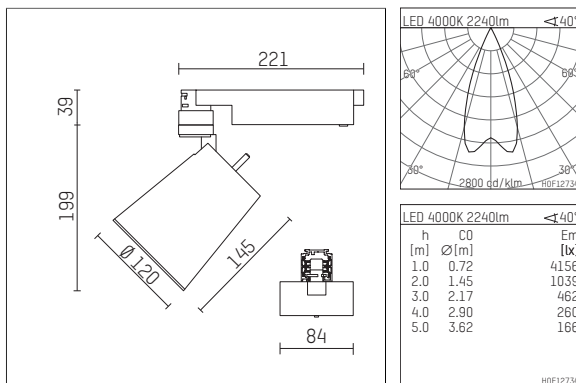

112 372 14 721 | schwarz

gin.o 3

Strahler

LED COB | 26 W 4000 K

- Strahler gin.o 3
- mit 3-Phasen-Universaladapter
- für Hoffmeister control.x Stromschienen
- Phasenwahl bei eingesetztem Adapter möglich
- passives Thermomanagement
- mit LED COB 3000 lm
- Farbtemperatur: 4000 K
- Farbwiedergabeindex: CRI >90
- L90 / B10 (50.000h)
- SDCM < 2
- Leuchtenlichtstrom: 2240 lm
- Systemleistung: 26 W
- Lichtausbeute: 86,2 lm/W
- rotationssymmetrische Lichtverteilung, flood
- Reflektor aus Aluminium, silber eloxiert
- im Adapter integriertes LED-Betriebsgerät, elektronisch (POTI), 220-240 V, 50/60 Hz
- Amplitudendimmung
- Drehpotentiometer im Adapter integriert
- Dimmbereich: 100-1 %
- Gehäuse aus Aluminium-Druckguss
- Adapter aus Thermoplast, glasfaserverstärkt
- Farb-, Schutz- und Konversionsfilter sind als Zubehör erhältlich
- *UNDEFINED TEXT*
- Länge: 221 mm, Breite: 84 mm, Höhe: 238 mm
- 360° drehbar, 90° schwenkbar
- Gewicht: 1,85 kg
- Schutzart: IP20
- Schutzklasse I
- 5 Jahre Hoffmeister Garantie
- Made in Germany
- maximale Umgebungstemperatur: 45 ° C
- Prüfzeichen: gefertigt nach DIN VDE 0711 / EN 60598, CE
- Farbe: schwarz
- 112 372 14 721

Ergänzungen für optionales Zubehör

Typ	Abmessungen in mm	Artikelnummer	Abb.-Nr.
soft.shape Linse für Strahler gin.o und lo.nely Größe 3	Ø: 100	105782	01
Skulpturenlinse für Strahler gin.o und lo.nely Größe 3	Ø: 100	105773	02
Prismatikglas für Strahler gin.o und lo.nely Größe 3	Ø: 100	105775	03
Wabenraster für Strahler gin.o und lo.nely Größe 3		105761721	04
soft.spot Linse für Strahler gin.o und lo.nely Größe 3	Ø: 100	105774	01

━━━━━━━━━━

EXERCISE OBJECTIVE »
Only a number is wanted here: how many lines of the material hold the word "Aluminium".

ANSWER BELOW »
2